Zing Forum

Reading

Human Activity Recognition Based on WISDM Dataset: A Comparative Study of Traditional Machine Learning and Deep Learning Methods

This article presents a comparative study evaluating the performance of Random Forest, CNN, and CNN-LSTM hybrid architecture in human activity recognition using wearable device sensor data, revealing the key role of temporal modeling in activity classification.

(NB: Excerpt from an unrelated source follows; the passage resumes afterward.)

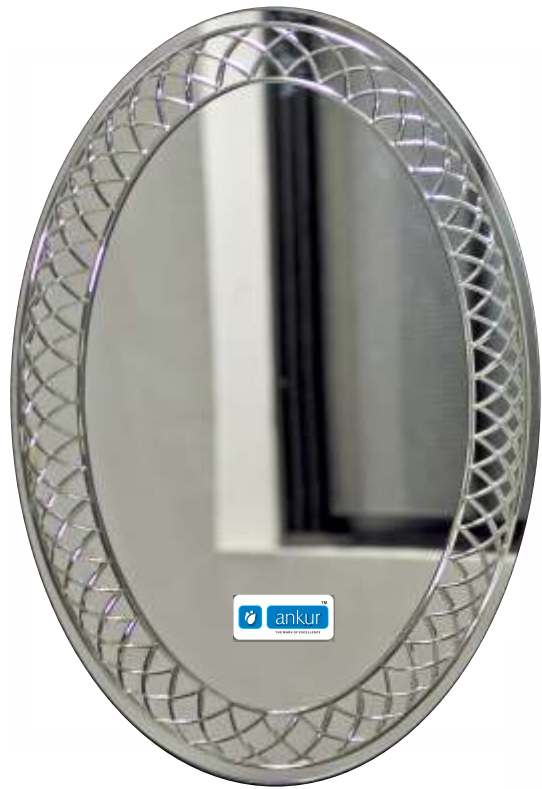

DAR - 1028

DARPAN COLLECTION

Decorative Mirrors

人类活动识别深度学习CNN-LSTM可穿戴设备传感器数据机器学习时间序列分析WISDM数据集
Published 2026-06-11 10:45Recent activity 2026-06-11 10:49Estimated read 4 min
Human Activity Recognition Based on WISDM Dataset: A Comparative Study of Traditional Machine Learning and Deep Learning Methods
1

Section 01

[Introduction] Core Overview of Comparative Study on HAR Methods Based on WISDM Dataset

This article, based on the WISDM dataset, compares the performance of traditional machine learning (Random Forest) and deep learning (CNN, CNN-LSTM hybrid architecture) in Human Activity Recognition (HAR). The study reveals the key role of temporal modeling in activity classification, with the CNN-LSTM hybrid architecture performing the best.

2

Section 02

Research Background and Introduction to WISDM Dataset

Human Activity Recognition (HAR) is a core technology in mobile computing and health monitoring, which needs to handle the complexity and noise interference of sensor data. The WISDM dataset contains accelerometer and gyroscope data from smartphones/smartwatches, covering 18 daily activities, making it an ideal benchmark for evaluating HAR algorithms.

3

Section 03

Design Details of Three Model Architectures

  1. Random Forest: Relies on manual feature engineering, extracting time-domain (mean, variance, etc.) and frequency-domain (FFT) features;
  2. CNN: End-to-end learning, extracting spatial features via convolutional layers;
  3. CNN-LSTM: Combines CNN's spatial feature extraction and LSTM's temporal modeling ability to capture spatial patterns and temporal dynamics of activities.
4

Section 04

Experimental Results and Performance Comparison

Test set performance: Random Forest accuracy is 50.6%, CNN 49.3%, CNN-LSTM 69.8%. CNN-LSTM is significantly better than other models, with an improvement of nearly 20 percentage points, verifying the importance of temporal modeling.

5

Section 05

Result Analysis and Key Insights

The advantage of CNN-LSTM comes from its ability to capture both spatial patterns and temporal dependencies, enabling it to distinguish similar activities and be robust to noise. Pure CNN performs poorly because it cannot model long-term temporal dependencies; Random Forest, although with low accuracy, is fast to train and highly interpretable, making it suitable for resource-constrained scenarios.

6

Section 06

Technical Implementation and Application Prospects

Implementation tech stack: Python (using Pandas/NumPy for data processing, Scikit-learn for Random Forest implementation, TensorFlow/Keras for building deep learning models, etc.). Application prospects include health monitoring, sports analysis, etc.; future directions: multi-modal fusion, lightweight models, transfer learning, real-time processing.